Exam Stress

Now it’s been a little while since I sat an exam in school, and I can’t say I ever remembered worrying much about it.

But now I find myself stressed about other people’s exams. My eldest daughter is at university, and she has to sit exams throughout the four year course. My teenager is in high school, and she is getting pressure from school about her ‘improvement levels’. Now it was clear to me that the ‘anticipated’ scores are for the school’s league table, and nothing whatsoever to do with her education, and that got me thinking…

She knows what she wants to do in life. As a career. She has her higher education plan mapped out in pencil.

She’s 14.

At 14 I think I was still perfecting the elusive art of making a fart noise in my armpit.

And that brings me to my youngest daughter (the exams, not the fart noises). She is 7, and she has to sit exams. 7 years old. I don’t know how these things work in other parts of the world, but I think we have it wrong in the UK.

“Daddy, I’m feeling a bit stressed about my SAT’s” she told me the other night, wearing an exhausted look on her face that seemed more belonging on a 45 year old bank manager. With a stomach ulcer.

What have we come to as a country, as an educated nation, as a species even, to put kids under that kind of pressure?

“You got that answer wrong!” Who cares? She’s 7, she was probably wondering if we’ll find the fossilised remains of a unicorn when we go on holiday! Not concentrating? Chances are she was daydreaming about cheese!

Every child develops at a different rate depending on a vast range of variables. Every parent dreads hearing that their child is ‘behind’ in something, and that pressure and stress trickles down the family tree and drips depressingly to the feet of the kid. It’s simply not fair, nor is it right.

Life has plenty of time, decades in fact, to take a swing at them, so why can’t we protect their innocence a little longer? Why can’t we prolong their childhood a bit, so the only thing they stress about is whether their cuddly snake from Ikea misses them when they’re at school?

Exams are important, later in life, but they shouldn’t be a focus at a young age. We are allowing our kids to be treated as adults. I can just see the conversation now:

Step into my office, please. Close the door

Child meekly steps inside, closes the door and takes a seat.

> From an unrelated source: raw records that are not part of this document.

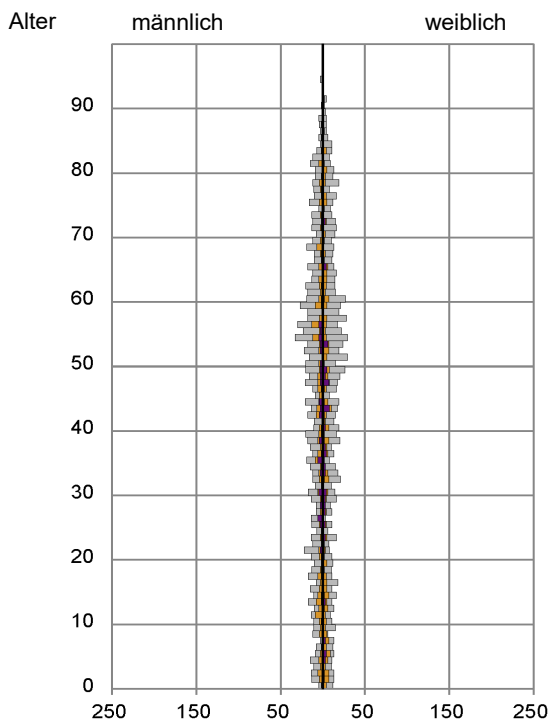

Datenblatt Migrationshintergrund Nürnberg Statistischer Bezirk: 55 Krottenbach, Mühlhof

Bevölkerung mit Hauptwohnsitz in Nürnberg nach dem Migrationshintergrund (MGH)

	Insgesamt	Deutsche ohne MGH	Menschen mit MGH		
			Deutsche mit MGH	Ausländer	Insgesamt
2015	2 450	1 775	424	251	675
2016	2 468	1 758	430	280	710
2017	2 445	1 741	436	268	704
2018	2 475	1 755	433	287	720
2019	2 445	1 734	429	282	711
davon ...					
<u>nach Geschlecht</u>					
Männer	1 211	858	208	145	353
Frauen	1 234	876	221	137	358
<u>nach Altersgruppen</u>					
unter 3	70	40	24	6	30
3 bis unter 6	69	40	20	9	29
6 bis unter 10	80	52	20	8	28
10 bis unter 15	123	66	42	15	57
15 bis unter 18	80	53	21	6	27
18 bis unter 25	162	121	22	19	41
25 bis unter 45	558	375	74	109	183
45 bis unter 65	781	586	117	78	195
65 bis unter 80	369	284	56	29	85
80 u.m.	153	117	33	3	36
<u>nach Familienstand</u>					
ledig	906	627	174	105	279
verheiratet	1 232	864	216	152	368
verwitwet	143	118	15	10	25
geschieden	164	125	24	15	39
<u>nach Religionszugehörigkeit</u>					
evangelisch	939	804	123	12	135
katholisch	493	334	112	47	159
sonstige oder keine	1 013	596	194	223	417
<u>nach dem Bezugsland¹</u>					
Europa (o. Deutschland)			330	241	571
dar. Türkei			31	23	54
Rumänien			125	87	212
Polen			57	16	73
ehem. Jugoslawien			11	15	26
Russland			23	-	23
Griechenland			7	34	41
Italien			15	13	28
Tschechien			27	5	32
Ukraine			12	3	15
Afrika			6	-	6
Asien			47	36	83
dar. Kasachstan			20	-	20
Irak			-	12	12
Amerika, Australien, sonst.			46	5	51

Kinder unter 18 Jahre nach MGH 2015 - 2019

Einwohner in Mehrpersonenhaushalten 2019 nach MGH und Zahl der Kinder im Haushalt

Statistischer Bezirk: 55 Krottenbach, Mühlhof

Einpersonenhaushalte 2019 nach Migrationshintergrund (MGH) und Alter

Bevölkerung am Ort der Hauptwohnung 2019 nach Migrationshintergrund

- Deutsche ohne MGH
- Deutsche mit MGH
- Ausländer

Quelle: Einwohnermelderegister, MigraPro
Amt für Stadtforschung und Statistik für Nürnberg und Fürth

I’ll get to the point; the financial review has come in, and I’ll be honest your quarterly sales figures are poor. There will probably be redundancies coming up and I’m sad to say you’ll be the first to go unless you pick up the pace. Ok? Good, off you go

 

Calm. Down.

 

These are kids, so let them be kids. Unless we want a generation of stressed out, suicidal, panic-attack-suffering kids taking control of the country in 25 years.

Anyway, to put it all in perspective, I sat down my kids and told them the story of my own education: I did ok. Not great. Borderline ‘meh’. I failed just one exam when I left high school.

“What was that?” I hear you all cry…

 

English Literature.

 

Goes to show that exams aren’t really the final word, doesn’t it?